Social Security Wage Base
For 2016, only the first $118,500 of combined wages and self-employment income was subject to the 12.4% Social Security portion of the tax.
Tax Rate Structure
The self-employment tax rate was 15.3% (12.4% + 2.9%) on 92.35% of your net profit. You multiply your net profit by 0.9235 first, then apply the rate.
Additional Medicare Tax
If your combined income exceeded:
- $200,000 (single filers)
- $250,000 (married filing jointly)
- $125,000 (married filing separately)
…then an additional 0.9% Medicare tax applied.
Deduction Benefit
You can deduct one-half (50%) of your self-employment tax as an adjustment to income on Form 1040, line 27.
Optional Methods
The IRS offered:
- Farm Optional Method
- Nonfarm Optional Method
These could help you qualify for Social Security or Earned Income Credit even with low income.
Step-by-Step (High Level)
Step 1: Determine Which Schedule to Use
Use the flowchart on page 1 of Schedule SE to decide if you can use Short Schedule SE (Section A) or must use Long Schedule SE (Section B).
Step 2: Calculate Net Earnings
Gather your net profit or loss from:
- Schedule F (farm income)
- Schedule C or C-EZ (nonfarm income)
- Partnerships (Schedule K-1)
Step 3: Apply the 92.35% Factor
Multiply total net earnings by 0.9235.
Step 4: Calculate Self-Employment Tax
- For $118,500 or less: Multiply by 15.3%
- For more: Multiply by 2.9%, then add $14,694
Step 5: Calculate Your Deduction
Multiply your SE tax by 50%. Enter on Form 1040, line 27.
Step 6: Transfer Amounts to Form 1040
Enter SE tax on Form 1040, line 57, and attach Schedule SE.
Common Mistakes and How to Avoid Them
Mistake #1: Not Filing When Required
Even with just $400 in net profit, you must file Schedule SE.

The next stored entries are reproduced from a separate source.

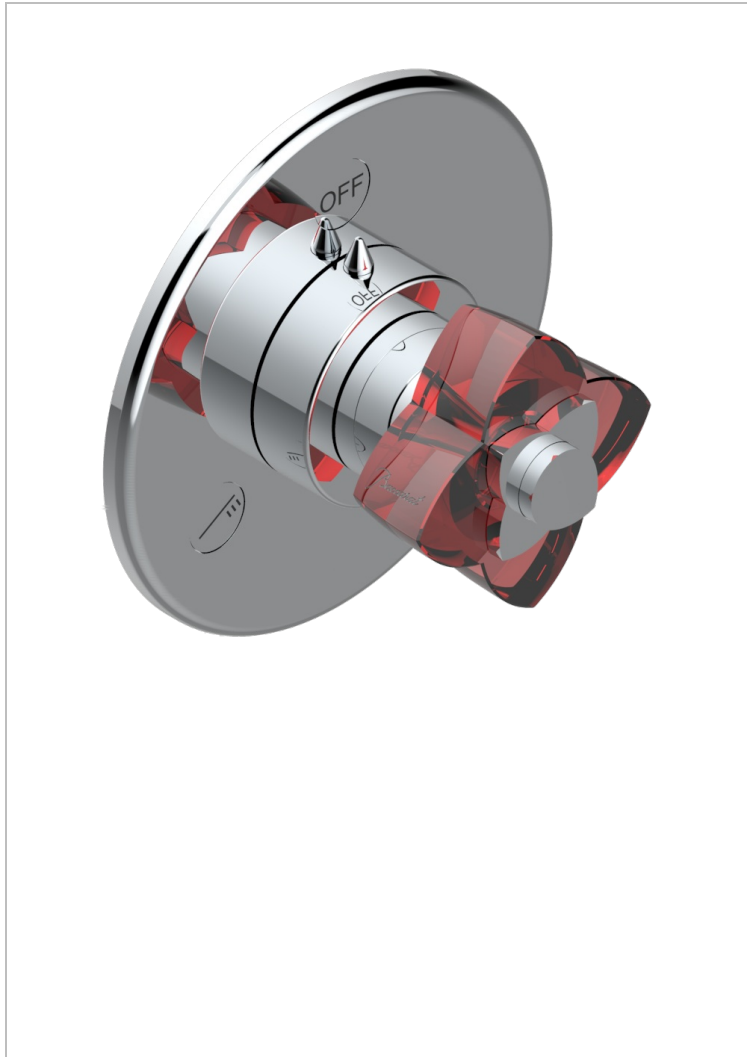

PETALE DE CRISTAL - RED CRYSTAL

U6C-48M2SB

Trim for wall mounted diverter, 2 ways - ref. 48M2 and 3 ways - ref. 49M3

特色

- Pétale de Cristal - Red crystal
- Trim for wall mounted diverter, 2 ways - ref. 48M2 and 3 ways - ref. 49M3

相关的SKU

- Ref. G00-48M2SOA Wall mounted 3-way diverter with ceramic cartridge for concealed installation- 1 inlet 3/4" and 2 outlets 1/2" without stop position, without trim
- Ref. G00-48M2SPSA Wall mounted 3-way diverter with ceramic cartridge for concealed installation, 1 inlet 3/4" and 2 outlets 1/2" with stop position, without trim
- Ref. G00-49M3SPSA Wall mounted 4-way diverter with ceramic cartridge for concealed installation- 1 inlet 3/4" and 3 outlets 1/2" with stop position, without trim

可选饰面

Black ceram - D30
Blush PVD - H62
Graphite PVD - H64
Matt Umber PVD - H67
Matt blush PVD - H60
Matt graphite PVD - H65

PVD哑光棕铜 - F34
PVD哑光金 - H53
PVD哑光铜 - H50
PVD哑光镍 - H56
PVD抛光铜 - H49
PVD棕铜 - F33

PVD金色 - H52
PVD镍 - H55
Umber PVD - H66
哑光复古铜 - H07
哑光浅金 - F31
哑光金 - F07

Mistake #2: Forgetting the 92.35% Adjustment
Always multiply net profit by 0.9235 before applying 15.3%.
Mistake #3: Including Statutory Employee Income
Don’t include income from W-2s with box 13 checked.
Mistake #4: Miscalculating Combined Income
If you have both wages and self-employment income, use Long Schedule SE.
Mistake #5: Missing the Self-Employment Tax Deduction
Always claim 50% of SE tax as an income adjustment.
Mistake #6: Ignoring Optional Methods
These can help you qualify for credits or Social Security.
Mistake #7: Community Property Complications
Report income for the spouse who earned it—don’t split unless a joint venture.
What Happens After You File
Social Security Credits
Your SE income is reported to SSA for benefit calculation.
Payment Obligation
Pay SE tax with your return or through quarterly estimated taxes (Form 1040-ES).
IRS Processing
The IRS reviews your Schedule SE for math errors or inconsistencies.
Refund or Balance Due
The SE tax increases liability but the deduction lowers taxable income.
Medicare and Social Security Benefits
SE tax payments count toward future eligibility.
Audit Potential
Self-employment income has higher audit risk—keep records at least three years.
FAQs
Q1: What if my business had a loss in 2016?
You don’t owe SE tax, but may file optional methods to earn credits.
Q2: I have a regular job and freelance income—how does this affect SE tax?
If your wages already meet the $118,500 base, only Medicare applies to SE earnings.
Q3: Can I reduce SE tax by forming an LLC or S-corp?
LLC status doesn’t reduce SE tax; S-corp election may, but seek professional advice.
Q4: I received a 1099-MISC for $3,000—do I owe SE tax?
If net profit ≥ $400 after expenses, yes—you owe SE tax.
Q5: What’s the payment deadline or estimated tax schedule?
Self-employment tax is due at filing; estimated taxes are due quarterly.
Q6: Are ministers subject to SE tax?
Usually yes, unless exempt via Form 4361.
Q7: Can I deduct SE tax, and where?
Yes—deduct 50% on Form 1040, line 27.
Additional Resources
- IRS Publication 334 — Tax Guide for Small Business
- IRS Publication 225 — Farmer’s Tax Guide
- IRS Publication 517 — For ministers and clergy
- IRS Publication 555 — Community Property rules
- Form 1040-ES — Estimated tax vouchers
- IRS.gov/schedulese — Latest forms and updates
This summary is based on authoritative IRS sources for tax year 2016. Tax laws change regularly, so always consult current IRS guidance or a qualified tax professional for your specific situation.